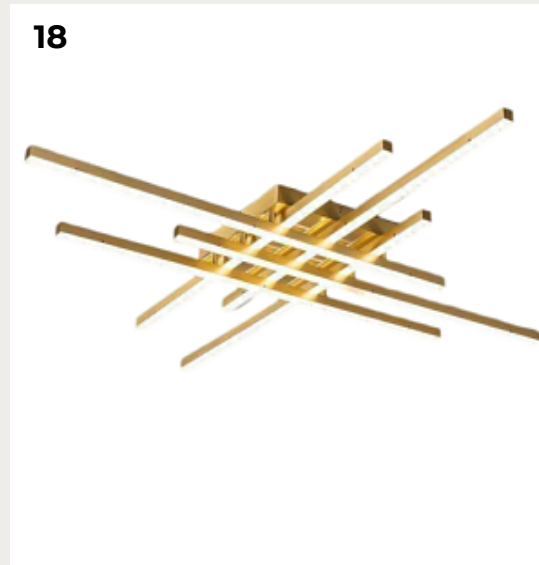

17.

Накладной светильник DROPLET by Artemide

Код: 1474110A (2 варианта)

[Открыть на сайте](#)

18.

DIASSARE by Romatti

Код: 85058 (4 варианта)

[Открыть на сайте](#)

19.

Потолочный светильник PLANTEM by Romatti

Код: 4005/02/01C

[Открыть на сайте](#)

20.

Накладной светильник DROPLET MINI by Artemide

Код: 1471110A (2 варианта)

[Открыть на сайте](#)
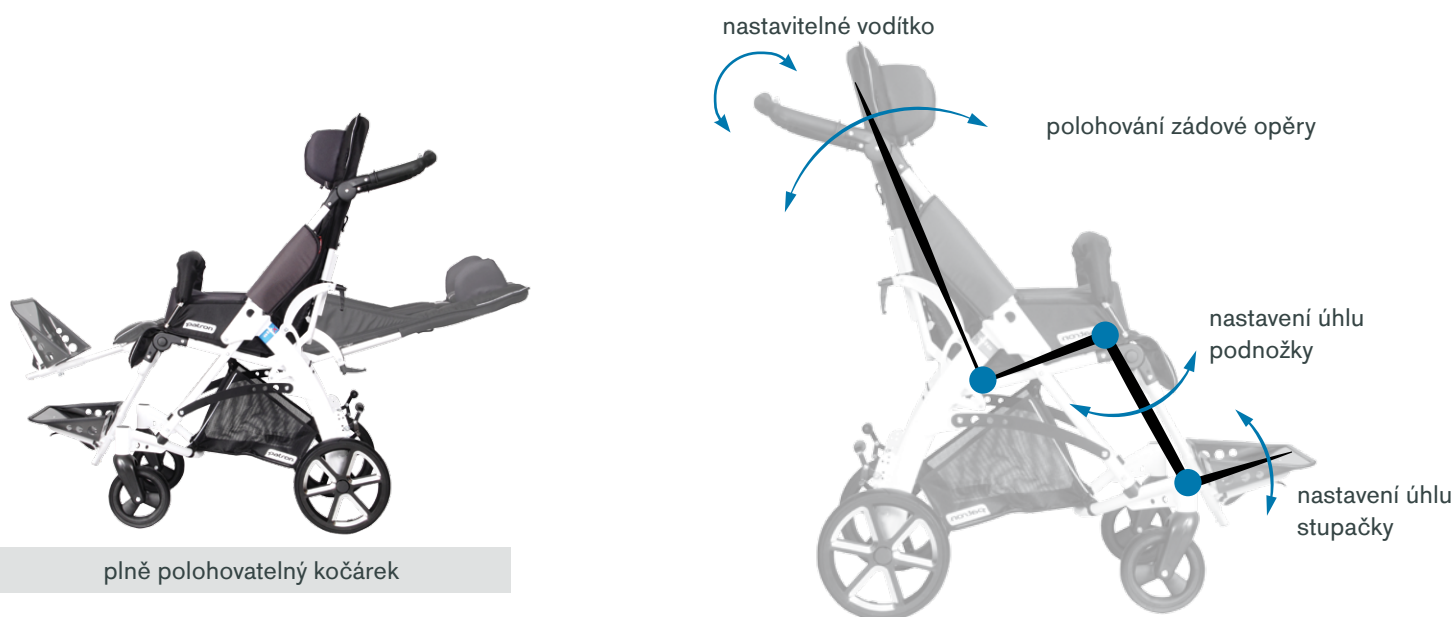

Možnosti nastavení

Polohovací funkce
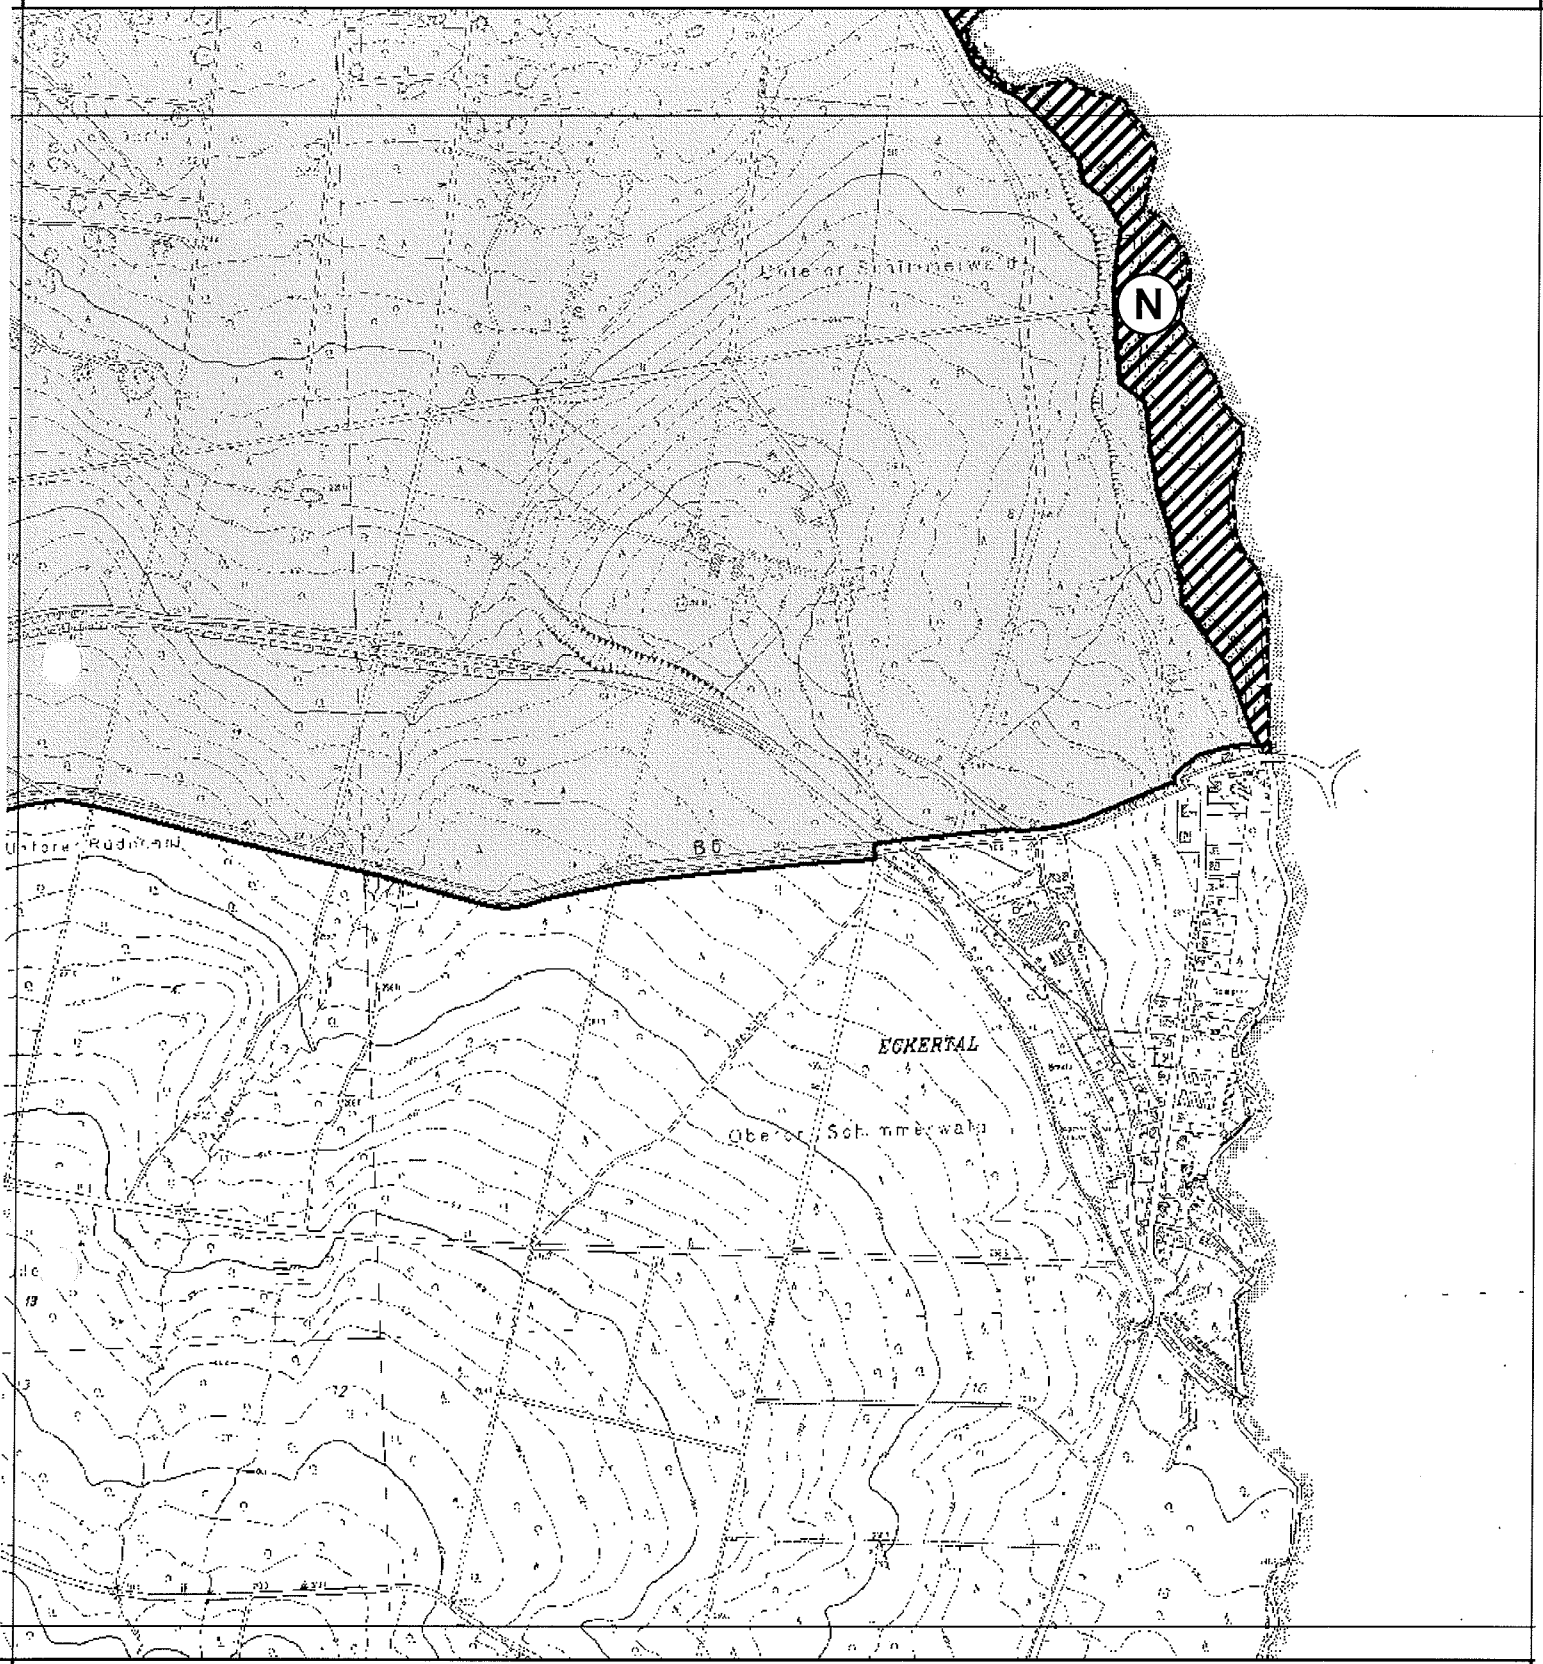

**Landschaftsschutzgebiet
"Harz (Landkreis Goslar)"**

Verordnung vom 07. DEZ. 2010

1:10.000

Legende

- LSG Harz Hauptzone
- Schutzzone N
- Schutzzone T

## TASK
Each line in the listing that contains "Harz" should be returned.

## TASK RESULT
"Harz (Landkreis Goslar)"**
- LSG Harz Hauptzone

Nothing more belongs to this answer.